■ Source data ■
▼

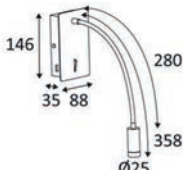

MINI SHADE

BERN

DROP 360 E27

GLAM 90

LOOP 2

NOOSE

BETSY 2

DUCA
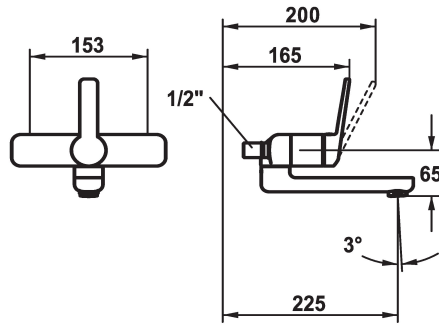

KWC DOMO 6.0 Eengreepsmengkraan

Modell-Linie: DOMO 6.0 | 11.662.003.000OR
Kranen | Eengreepkranen

KWC-No.

124570

124571

124572

124573

* Eengreepsmengkraan
* EcoProtect - waterbesparende inrichting
* Draaibare uitloop 90°
- kan indien nodig met schroef vastgezet worden
- Neoperl® Cascade® SLC

* OptimalSpace - Royale was- en werkomgeving
* KWC patroon M 35 OP
- met keramische-schijventechniek
- debiet en temperatuur traploos instelbaar
- temperatuurbegrenzing

Technical Data

Doorstroomhoeveelheid

chromeline

Type installatie

Wandmontage

Kraan type

Hebelmischer

Hoogteafmeting

98

geluidsklasse

I

Projectie A

A225

Energielabel

A

Connection measure

153

Afmetingen wateruitlaat
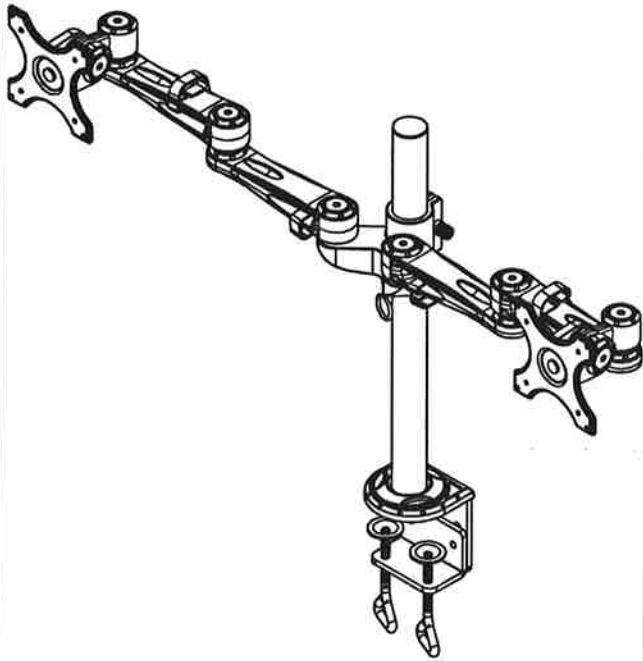

C 2.3

Max Load: 6Kgs/each monitor

Part List:

- M4x10  
E. 8pcs
- M8x12  
F. 2pcs
- G. 1pc
- I. 1pc
- H. 1pc
- J. 4pcs

▲

Once the pictures are removed, write out all of the entries above exactly.

■ Response to the exercise ■
MINI SHADE

BERN

DROP 360 E27

GLAM 90

LOOP 2

NOOSE

BETSY 2

DUCA

KWC DOMO 6.0 Eengreepsmengkraan

Modell-Linie: DOMO 6.0 | 11.662.003.000OR
Kranen | Eengreepkranen

KWC-No.

124570

124571

124572

124573

* Eengreepsmengkraan
* EcoProtect - waterbesparende inrichting
* Draaibare uitloop 90°
- kan indien nodig met schroef vastgezet worden
- Neoperl® Cascade® SLC

* OptimalSpace - Royale was- en werkomgeving
* KWC patroon M 35 OP
- met keramische-schijventechniek
- debiet en temperatuur traploos instelbaar
- temperatuurbegrenzing

Technical Data

Doorstroomhoeveelheid

chromeline

Type installatie

Wandmontage

Kraan type

Hebelmischer

Hoogteafmeting

98

geluidsklasse

I

Projectie A

A225

Energielabel

A

Connection measure

153

Afmetingen wateruitlaat

C 2.3

Max Load: 6Kgs/each monitor

Part List:

- M4x10  
E. 8pcs
- M8x12  
F. 2pcs
- G. 1pc
- I. 1pc
- H. 1pc
- J. 4pcs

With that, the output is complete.